Notre Dame des cierges

Publié le 27 Janvier 2010

DSC06443-copie-1.JPG
On trouve dans la Légende Dorée du Brhx Jacques de Voragine,  de très beaux textes ! En voici un en rapport avec la Chandeleur, dont la date approche ! Il est question, nous y reviendrons, des cierges de la chandeleur !

Une noble dame avait une très grande dévotion envers la sainte Vierge.

Ayant fait construire une chapelle auprès de sa maison, elle y entretenait un chapelain, et voulait entendre chaque jour une messe de la Bienheureuse Vierge.

 

Alors que la fête de la Purification de la Sainte Vierge était proche, le prêtre fit un voyage au loin pour une affaire particulière, et la dame ne put avoir une messe ce jour-là; ou bien, comme on le lit autre part, elle avait donné tout ce qu'elle avait jusqu'à ses vêtements pour l’amour de la Vierge;

Or, comme elle avait donné sa robe et qu'elle ne pouvait aller à l’église il lui fallait rester sans messe en ce jour. Sous l’impression d'une vive douleur elle entra dans son oratoire ou sa chambre et se prosterna devant un autel de la Sainte Vierge.

 

Tout à coup elle fut transportée hors d'elle-même, et il lui semblait être dans une église magnifique et toute resplendissante ; alors elle vit, entrer une foule extraordinaire de vierges, que, précédait une Vierge d'une admirable beauté, dont la tête était couronnée d'un diadème. Après que toutes se furent assises, voici venir une autre foule de jeunes gens qui prirent place chacun selon son rang.

 Alors quelqu'un qui portait une grande quantité de cierges, en donna d'abord un à la vierge qui avait le pas sur les autres; il en distribua ensuite aux autres vierges et aux jeunes gens, enfin il vint auprès de la dame et lui offrit un cierge qu'elle accepta volontiers.

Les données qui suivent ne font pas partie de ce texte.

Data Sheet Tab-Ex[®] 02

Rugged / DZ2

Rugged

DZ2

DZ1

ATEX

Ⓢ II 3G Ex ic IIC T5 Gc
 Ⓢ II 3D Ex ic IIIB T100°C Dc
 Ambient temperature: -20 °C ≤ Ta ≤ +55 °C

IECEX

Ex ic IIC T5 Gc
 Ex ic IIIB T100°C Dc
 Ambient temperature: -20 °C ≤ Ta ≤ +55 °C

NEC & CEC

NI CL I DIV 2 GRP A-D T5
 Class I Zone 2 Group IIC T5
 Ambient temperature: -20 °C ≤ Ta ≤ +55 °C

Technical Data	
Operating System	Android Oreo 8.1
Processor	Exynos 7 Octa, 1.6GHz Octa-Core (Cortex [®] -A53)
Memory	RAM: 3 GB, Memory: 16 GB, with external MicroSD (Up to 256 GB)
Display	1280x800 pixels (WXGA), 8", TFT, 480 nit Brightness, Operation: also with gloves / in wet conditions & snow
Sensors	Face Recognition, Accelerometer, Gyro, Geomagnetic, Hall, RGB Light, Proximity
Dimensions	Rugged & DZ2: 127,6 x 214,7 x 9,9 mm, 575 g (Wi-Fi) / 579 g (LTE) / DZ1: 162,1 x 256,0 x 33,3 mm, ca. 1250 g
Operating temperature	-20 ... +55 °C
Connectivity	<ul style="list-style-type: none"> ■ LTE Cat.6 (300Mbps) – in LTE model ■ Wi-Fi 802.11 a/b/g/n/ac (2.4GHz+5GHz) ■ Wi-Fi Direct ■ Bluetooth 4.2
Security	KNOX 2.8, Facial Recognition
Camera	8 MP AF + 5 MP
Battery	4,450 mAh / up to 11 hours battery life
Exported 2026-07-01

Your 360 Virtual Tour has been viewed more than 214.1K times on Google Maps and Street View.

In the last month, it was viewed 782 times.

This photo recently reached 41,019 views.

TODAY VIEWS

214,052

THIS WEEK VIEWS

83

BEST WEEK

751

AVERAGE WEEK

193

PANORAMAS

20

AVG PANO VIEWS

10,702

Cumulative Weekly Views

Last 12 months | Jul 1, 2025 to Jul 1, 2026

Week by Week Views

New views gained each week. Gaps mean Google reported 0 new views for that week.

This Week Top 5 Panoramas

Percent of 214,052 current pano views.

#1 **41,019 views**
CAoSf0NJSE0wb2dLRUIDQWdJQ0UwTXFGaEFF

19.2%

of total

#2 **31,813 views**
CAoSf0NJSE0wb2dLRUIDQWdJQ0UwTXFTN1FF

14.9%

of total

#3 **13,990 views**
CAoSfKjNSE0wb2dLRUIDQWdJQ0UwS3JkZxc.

Elle tourna alors les yeux vers le chœur et vit deux céroféraires, un sous-diacre, un diacre et un prêtre revêtus de leurs ornements sacrés s'avancer vers l’autel comme pour célébrer une messe solennelle.

 

Il lui semblait que les acolytes étaient saint Vincent et saint Laurent; que le diacre. et le sous-diacre étaient deux anges; quant au prêtre, c'était J.-C.

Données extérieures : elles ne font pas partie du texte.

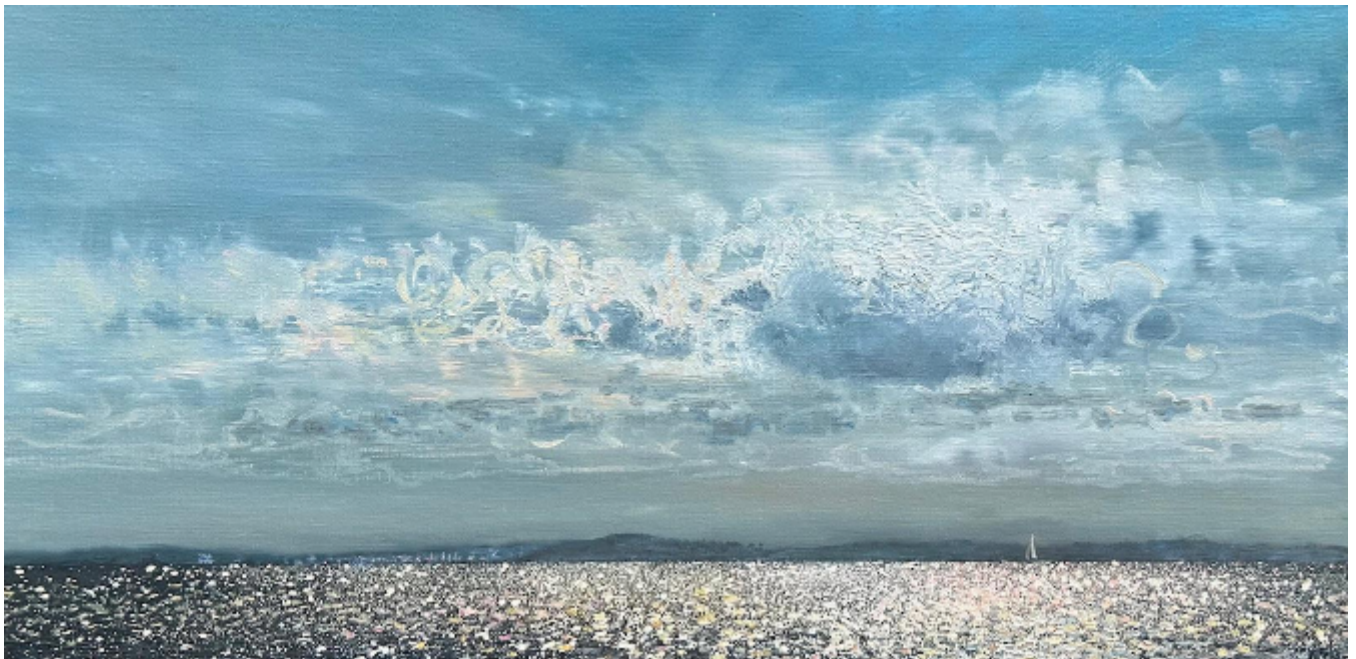

Down the Coast

Ken Zier

£ POA

REF: 3957

Height: 40 cm (15.7")

Width: 80 cm (31.5")

Description

Down the Coast
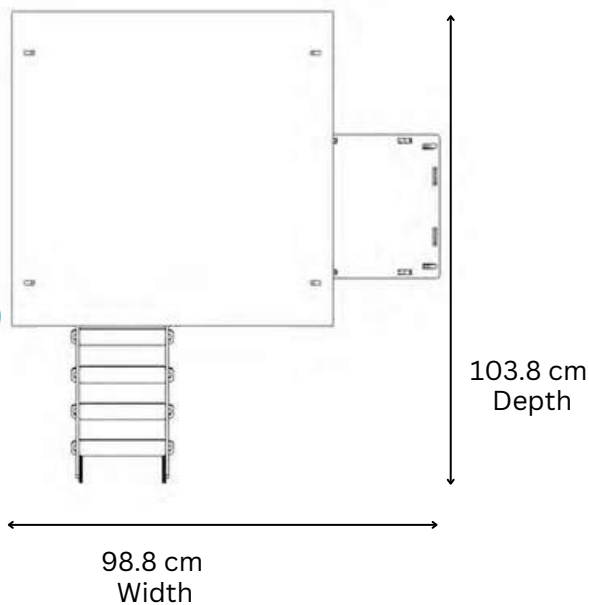

Outer dimensions

NESTERA

2 PERCHES OF 91CM EACH
2 NESTBOXES (28x30CM EACH)

LARGE LODGE COOP

Living Area dimensions

Outer dimensions

NESTERA

1 PERCH OF 59CM
1 NESTBOX 28x30CM

SMALL RAISED COOP

Living Area dimensions

Outer dimensions

NESTERA

2 PERCHES OF 59CM EACH
2 NESTBOXES (28x30CM EACH)

MEDIUM RAISED COOP

Outer dimensions

NESTERA

Perch x 3
85.8 cm

113 cm
Width

142 cm
Depth

Outer dimensions

31.9 cm 31.9 cm

113 cm
Width

142 cm
Depth

174 cm
Depth

110 cm
Width

113.5 cm
Depth

113.5 cm
Depth

78 cm
Height
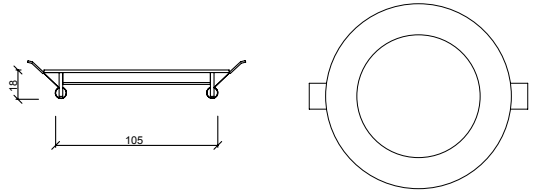

Beam Informations And Technicals / Teknik ve Açısıl Bilgiler

110°
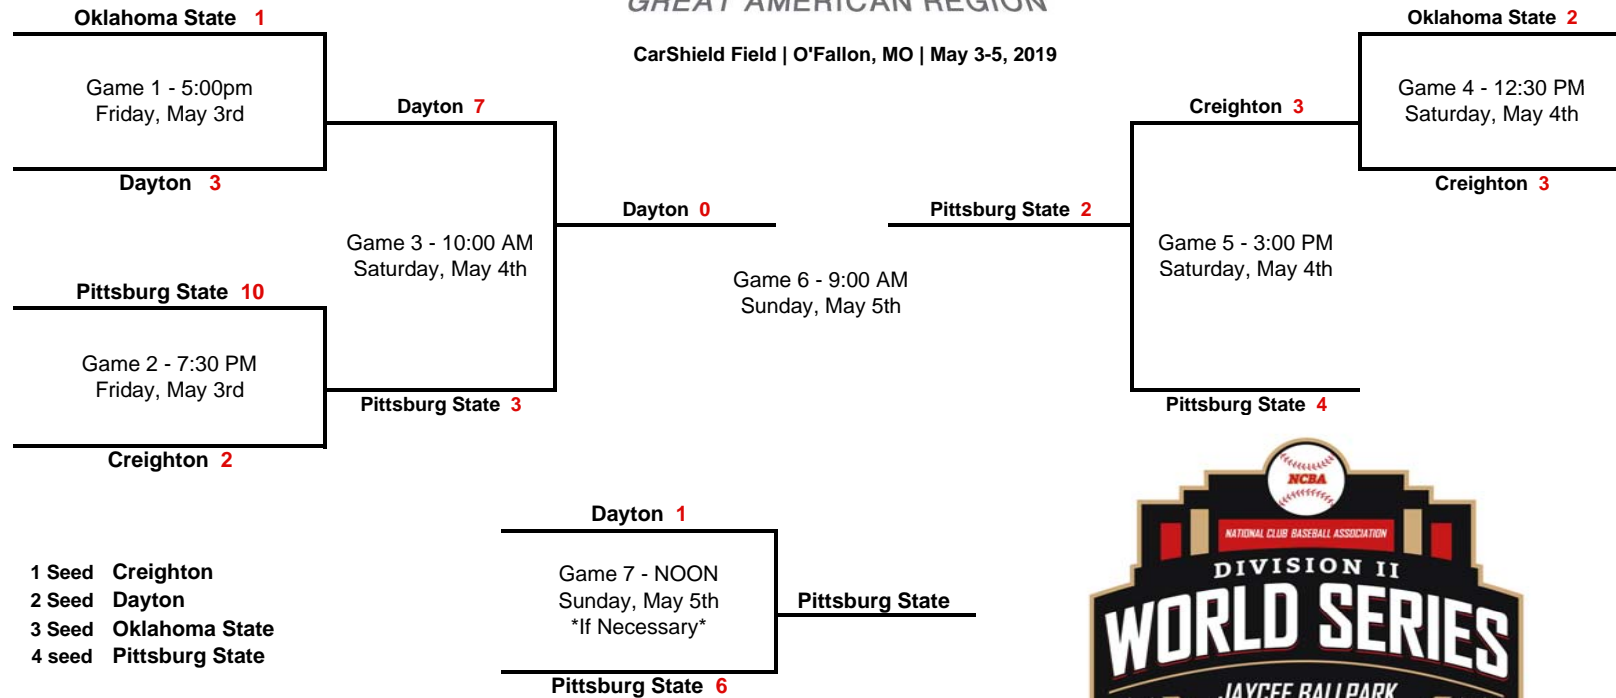

*Higher Seed is always HOME unless lower seed has higher tournament winning %
 *Double Elimination Format

*Higher Seed is always HOME unless lower seed has higher tournament winning %
 *Double Elimination Format

- 1 Seed Creighton
- 2 Seed Dayton
- 3 Seed Oklahoma State
- 4 seed Pittsburg State

*Higher Seed is always HOME unless lower seed has higher tournament winning %
 *Double Elimination Format

Basket Road Field | Webster, NY | May 3-5, 2019

*Higher Seed is always HOME unless lower seed has higher tournament winning %
*Double Elimination Format

Sargent's Stadium | Johnstown, PA | May 3-5, 2019

- 1 Seed **Penn State**
- 2 Seed **Buffalo**
- 3 Seed **West Virginia**
- 4 seed **Bloomsburg**

Veterans Memorial Complex | Hobbs, NM | May 4-5, 2019

*Higher Seed is always HOME unless lower seed has higher tournament winning %
*Double Elimination Format
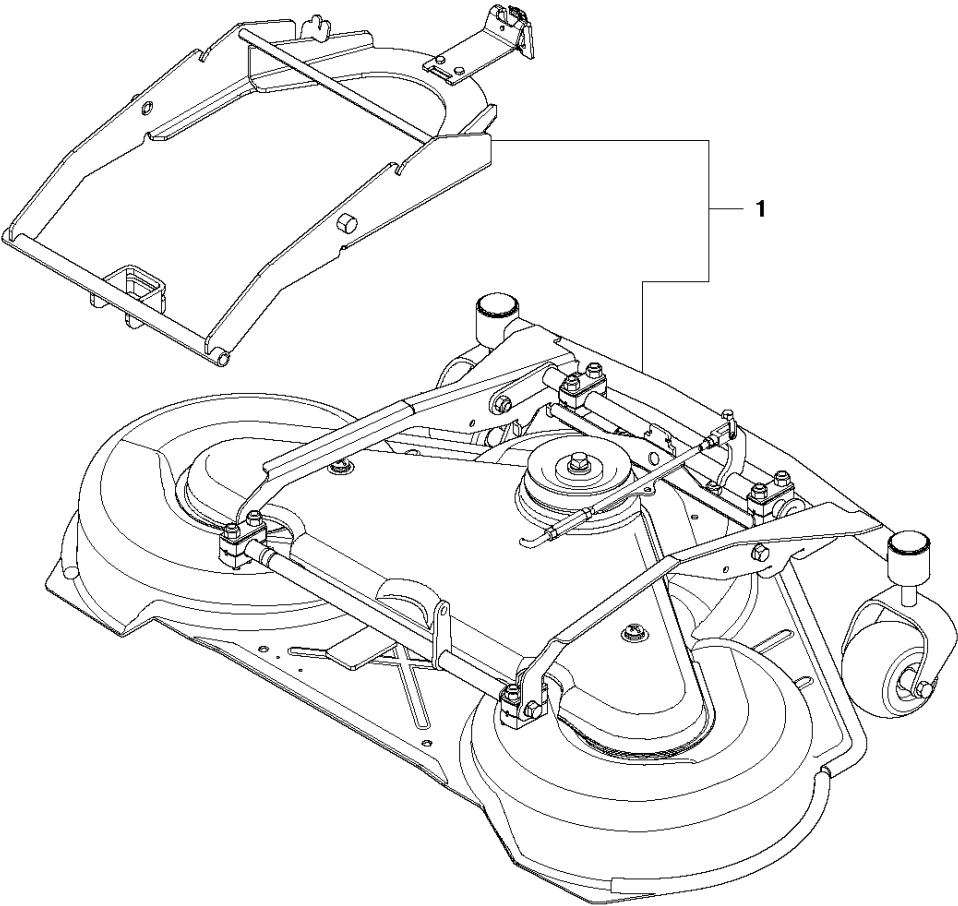

Ref	Part No	Description	Remark	QTY	KIT
1	504 56 99-01	DECK SHELL ASSY		1	
2	506 91 62-01	BLIND RIVET NUT		1	
3	544 44 93-01	PLUG		1	
4	506 57 01-04	SCREW EHHFM		1	
5	535 50 35-01	KNIFE BEARING		1	
6	544 06 78-01	BEARING HOUSING		1	5
7	535 42 87-01	SHAFT		1	5
8	535 42 88-01	SPACER		1	5
9	738 22 05-19	BALL BEARING		2	5
10	535 50 35-02	KNIFE BEARING		2	
11	544 06 78-01	BEARING HOUSING		1	10
12	535 42 87-02	SHAFT		1	10
13	535 42 88-01	SPACER		1	10
14	738 22 05-19	BALL BEARING		2	10
15	535 42 38-01	SCREW RSQM		12	
16	734 11 64-01	WASHER		12	
17	732 21 18-01	LOCK NUT		12	
18	535 42 90-01	PULLEY		4	
19	506 53 35-01	PARALLEL KEY		7	
20	535 42 88-01	SPACER		1	
21	535 42 92-01	WASHER		3	
22	725 25 42-51	SCREW EHHM		3	
23	535 50 42-01	BLADE BRACKET		3	
24	544 10 27-10	BLADE		3	
25	506 79 23-02	KNIFE PLATE		3	
26	725 25 42-51	SCREW EHHM		3	
27	506 54 07-01	BELT TENSIONER ASSY		1	
28	506 51 95-01	SPÄNNARM KPL.		1	27
29	506 53 27-01	PULLEY		1	27
30	734 11 64-41	WASHER		1	27
31	506 55 83-02	SCREW EHHFT		1	27
32	506 91 87-02	WASHER		1	
33	725 24 51-71	SCREW EHHM		1	
34	732 21 18-01	LOCK NUT		1	
35	506 53 31-01	SPRING		1	
36	544 11 33-01	BELT		1	
37	544 09 62-01	BELT COVER		1	
38	506 98 26-01	SCREW		2	
39	506 55 97-01	WASHER		2	
72	506 78 97-01	LABEL		1	
73	544 23 81-12	LABEL		1	
74	506 92 90-01	LABEL		1	

MOWER DECK, CT112 - 1

 Après la confession, deux jeunes gens d'une rare beauté allèrent au milieu du chœur, commencèrent à haute voix et fort dévotement l’office de la, messe, que poursuivirent ceux qui étaient dans le choeur. Quand on fut à l’offrande, la reine des Vierges et toutes les vierges avec ceux qui étaient dans le chœur, vinrent offrir, comme de coutume, leurs cierges au prêtre en fléchissant les genoux.

 

Or, comme le prêtre attendait que la dame vînt lui offrir son cierge, et que celle-ci ne le voulait pas faire, la. reine des vierges lui envoya dire par un exprès qu'elle manquait de savoir-vivre, en faisant attendre le prêtre si longtemps.

Elle répondit que le prêtre continuât sa messe parce qu'elle -ne lui offrirait pas son cierge. Alors la reine lui envoya encore un autre exprès à qui la dame répondit qu'elle ne donnerait à personne. le cierge qu'elle avait reçu, mais qu'elle le garderait par dévotion.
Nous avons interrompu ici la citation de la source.